**HOW TO COMPLETE THIS TASK:** Leaving out the pictures, copy each record below exactly.

**RECORDS:**

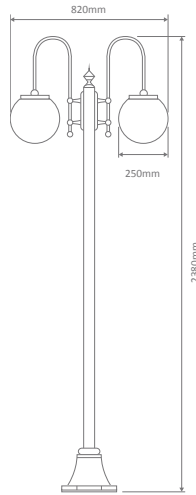

Lisbon

Multiple Application Exterior Light

GT-1002 Twin Head on Plain Post 2.4m

Diagrams / Additional
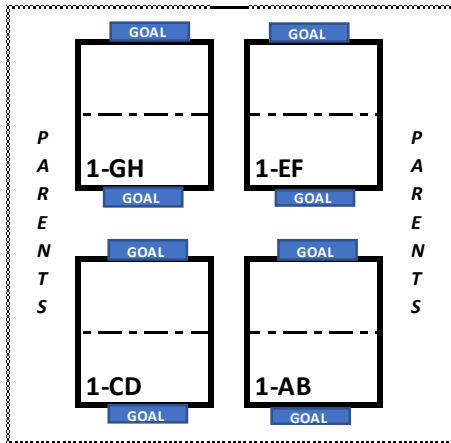

# SOCCERPLEX FIELD LAYOUT FOR GAMES

7930 CD Smith Road, Germantown, TN 38138

**SOCCERPLEX 2**  
9v9 (8v8 REC & 7v7 REC)

GOAL - 11v11

GOAL - 8v8

GOAL - 6v6

**SOCCERPLEX PRACTICE FIELD**  
7v7/ 8v8/ 11v11

← Path to Cloyes

**SOCCERPLEX 1**  
7v7 (6v6 REC)

**SOCCERPLEX 11v11 HappyFeet**

W  
A  
L  
K  
W  
A  
Y

Community Board

Parking Lot

Restrooms

Concession Stand

← GHS Baseball Field
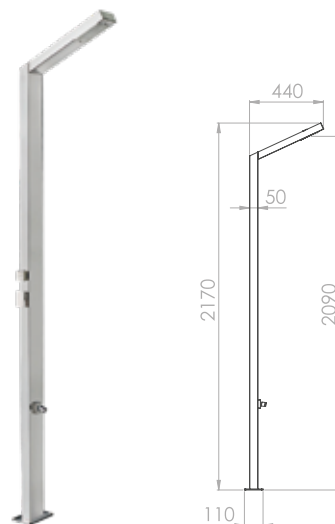

Atecpool Shower & Curtains Stainless Steel

Nettuno Luxury Shower

Specifications

- Stainless steel AISI 316L, 2 mm thickness.
- Variations: temporized tap, shower head 200 mm diameter in stainless steel AISI 304 with silicone antilimestone rubber, foot washer with aerator.

Code	Type	Weight (kg)	Volume (m ³)
00126039	Nettuno Shower	29	0.05

Saturno Luxury Shower

Specifications

- Stainless steel AISI 316L, 2 mm thickness.
- Variations: lateral or frontal mixer tap, recessed showerhead in stainless steel with silicone anti-limestone rubber, foot washer with aerator, and a diverter.

Code	Type	Weight (kg)	Volume (m ³)
00126047	Saturno Shower	11	0.05

Hera Luxury Shower

Specifications

- Stainless steel AISI 316L, mirror polished, 2 mm thickness.
- Variations: Screw stopcock or temporized tap, 200mm diameter shower head in stainless steel AISI 304 with silicone anti-limestone rubber or recessed shower head.

Code	Type	Weight (kg)	Volume (m ³)
00126049	Hera Shower	10	0.05

Hera Rece Luxury Shower

Specifications

- Shower with recessed shower head AISI 316L stainless steel column glossy, 2 mm thick.
- Recessed shower top.
- Vitone tap Water lace 1/2".
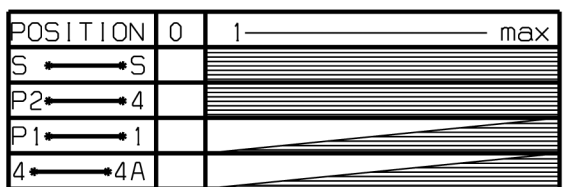

DOUBLE ENERGY REGULATOR

**TASK OUTPUT:**
Lisbon

Multiple Application Exterior Light

GT-1002 Twin Head on Plain Post 2.4m

Diagrams / Additional

# SOCCERPLEX FIELD LAYOUT FOR GAMES

7930 CD Smith Road, Germantown, TN 38138

**SOCCERPLEX 2**  
9v9 (8v8 REC & 7v7 REC)

GOAL - 11v11

GOAL - 8v8

GOAL - 6v6

**SOCCERPLEX PRACTICE FIELD**  
7v7/ 8v8/ 11v11

← Path to Cloyes

**SOCCERPLEX 1**  
7v7 (6v6 REC)

**SOCCERPLEX 11v11 HappyFeet**

W  
A  
L  
K  
W  
A  
Y

Community Board

Parking Lot

Restrooms

Concession Stand

← GHS Baseball Field

Atecpool Shower & Curtains Stainless Steel

Nettuno Luxury Shower

Specifications

- Stainless steel AISI 316L, 2 mm thickness.
- Variations: temporized tap, shower head 200 mm diameter in stainless steel AISI 304 with silicone antilimestone rubber, foot washer with aerator.

Code	Type	Weight (kg)	Volume (m ³)
00126039	Nettuno Shower	29	0.05

Saturno Luxury Shower

Specifications

- Stainless steel AISI 316L, 2 mm thickness.
- Variations: lateral or frontal mixer tap, recessed showerhead in stainless steel with silicone anti-limestone rubber, foot washer with aerator, and a diverter.

Code	Type	Weight (kg)	Volume (m ³)
00126047	Saturno Shower	11	0.05

Hera Luxury Shower

Specifications

- Stainless steel AISI 316L, mirror polished, 2 mm thickness.
- Variations: Screw stopcock or temporized tap, 200mm diameter shower head in stainless steel AISI 304 with silicone anti-limestone rubber or recessed shower head.

Code	Type	Weight (kg)	Volume (m ³)
00126049	Hera Shower	10	0.05

Hera Rece Luxury Shower

Specifications

- Shower with recessed shower head AISI 316L stainless steel column glossy, 2 mm thick.
- Recessed shower top.
- Vitone tap Water lace 1/2".

DOUBLE ENERGY REGULATOR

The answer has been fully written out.